More than anything, the Knicks have played an identifiable brand of successful basketball under head coach Tom Thibodeau.

Tom Thibodeau was the unanimous MVP last season. Thibodeau not only did his job masterfully but also the job of Steve Stoute. Stoute, for those who do not remember, was hired by the team last year as a brand consultant with the goal to make the Knicks cool again.

And while I’m grateful for perhaps Stoute’s involvement in the improved in-game music selection at the Garden, it is Thibodeau who successfully shepherded the rebrand.

One of the many things Knicks teams over the years have missed the mark on has been developing a brand, a standard, any identifiable trait other than dysfunction. For example, when you thought about gritty defense, you thought about the Memphis Grizzlies. When you thought about a well-executed offense with a lot of picks and ball movement, you thought San Antonio Spurs. When you thought about star destinations, you thought of the Los Angeles Lakers or the Miami Heat.

Life is too good right now to reminiscence on the days of Don Chaney and Isaiah Thomas, just know 2001–08 was dark and featured none of those things. The organization’s turnover resembled an Amazon warehouse, and the team was the furthest thing from a star destination. 

Mike D’Antoni helped establish some sort of stability. D’Antoni was a hopeful callback to the Holzman Knicks rather than the rumble and tumble Riley Knicks. D’Antoni had the most success in building an identity. He sped up the tempo on offense to resemble his Seven Seconds or Less Suns. Just as it seemed it would all come together with Amar’e Stoudemire’s arrival followed by Carmelo Anthony’s, D’Antoni was gone. He and Anthony never seemed to jive, a couple of years of contention turned into one good year under Mike Woodson.

Since then it has been years of an identity crisis. Phil Jackson tried, in vain, to force-feed the Triangle through three head coaches. Then there was the NBA’s Billy McFarland, David Fizdale, who spoke of this new day of position-less basketball centered around his unicorn Kristaps Porzingis.

Tom Thibodeau thankfully flipped the script. In his inaugural season, Thibodeau quickly established a standard. The Knicks were going to show up every night, ferociously compete, and if you didn’t match that energy, good luck. The chemistry among the players and coaching staff radiated off the screen during the 41-win season. 

Still, it’s just one season. If you have followed the Knicks long enough, you know the good moments are fleeting, while the bad ones seem to linger.

That is what made Vegas so special and reassuring about the franchise’s rebirth. 

Getting caught up in the Summer League is nothing new, however, this Las Vegas experience hit different. There was noticeable energy with the Knicks Summer League squad. 

Immanuel Quickley and Obi Toppin carried that “Ali in Olympic Village” confidence. The rookies, eager to prove themselves, followed the sophomores’ lead to play to the standard they knew Thibodeau expected from them when the real games start.
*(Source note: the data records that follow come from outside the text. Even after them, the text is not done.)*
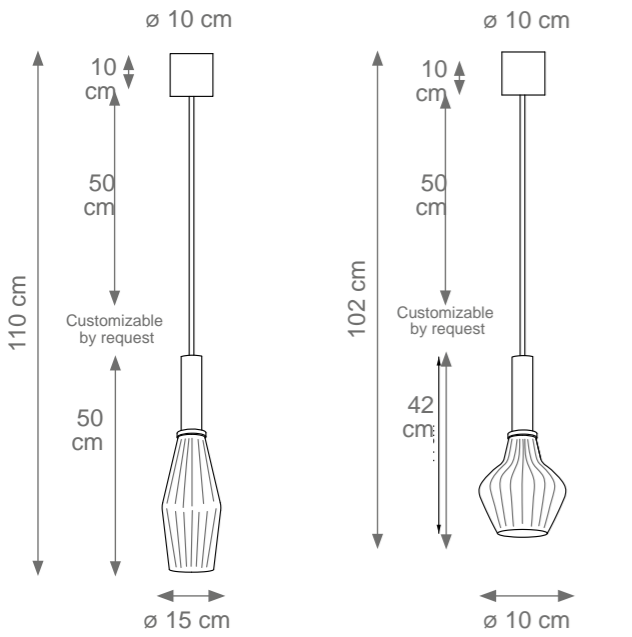

VILLARI

Materials: Brass Structure, Porcelain and Murano glass

Height customizable by request

Mexico Pendant Light
Code: F908238
Type 1 light electrification
x Max 28W E14 CE
Size: cm. 50 h x 15 ø - 2 kg

The Knicks played a Vegas-high six games and finished 4-2. In all six games, there was a consistent edge to the team. It wasn’t so much the talent that had me glued to the screen as much as it was the familiarity with the Thibodeau Knicks I had grown to love over the last year.

One sequence, in particular, embodied the Thibodeau Knicks ethos, coming in the team’s third game. There were 26 seconds left in the first half. Deuce McBride picked Austin Reaves up from three-quarters court, staying in Reaves’ hip pocket like ‘09 Darrelle Revis. 
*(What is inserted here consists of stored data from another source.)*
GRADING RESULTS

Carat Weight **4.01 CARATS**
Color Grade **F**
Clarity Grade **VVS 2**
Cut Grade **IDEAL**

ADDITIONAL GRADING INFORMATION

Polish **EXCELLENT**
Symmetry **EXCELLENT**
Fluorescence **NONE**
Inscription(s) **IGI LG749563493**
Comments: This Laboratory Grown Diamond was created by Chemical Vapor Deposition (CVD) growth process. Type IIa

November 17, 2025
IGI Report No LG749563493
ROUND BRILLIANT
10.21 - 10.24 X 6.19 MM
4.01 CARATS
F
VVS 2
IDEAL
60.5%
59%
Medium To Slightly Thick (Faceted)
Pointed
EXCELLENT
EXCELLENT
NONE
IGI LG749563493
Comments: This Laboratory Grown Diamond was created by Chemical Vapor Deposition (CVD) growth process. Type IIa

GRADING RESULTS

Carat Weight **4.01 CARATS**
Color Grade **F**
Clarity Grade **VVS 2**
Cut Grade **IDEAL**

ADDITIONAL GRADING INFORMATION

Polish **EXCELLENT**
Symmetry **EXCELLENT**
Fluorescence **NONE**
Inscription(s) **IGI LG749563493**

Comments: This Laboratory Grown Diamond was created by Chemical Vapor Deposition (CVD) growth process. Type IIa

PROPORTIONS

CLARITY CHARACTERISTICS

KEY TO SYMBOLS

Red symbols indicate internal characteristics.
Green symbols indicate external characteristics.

McBride’s unrelenting defense forces Reaves to pick the ball up. Reaves kicked it back up top to Justin Robinson, who is met by a swarming Quentin Grimes. Robinson plays hot potato, swinging to Mac McClung who is forced inside the arc by a swarming Immanuel Quickley with Obi Toppin or Jericho Sims sitting back wishing McClung would try it. McClung opted to kick it back out Reaves who relocated beyond on the arc, McBride still attached to the hip. Reaves unsuccessfully tries to shake McBride before firing an airball for a 24-second violation. 

The whole sequence was art. And for Tom Thibodeau, who watched courtside, it was a vision realized. 

“If you watch New York night in and night out, they don’t have great single defenders. Whatever their defensive game plan is, that shit is great. They play great defense as a team at all times. I love watching them play defense. I feel they’re the best defensive team in the league. They play hard. They take you out of your stuff and pressure you.” 

That was Anthony Edwards describing exactly what you saw in that clip above, the expectation opposing players now have when they face the Knicks.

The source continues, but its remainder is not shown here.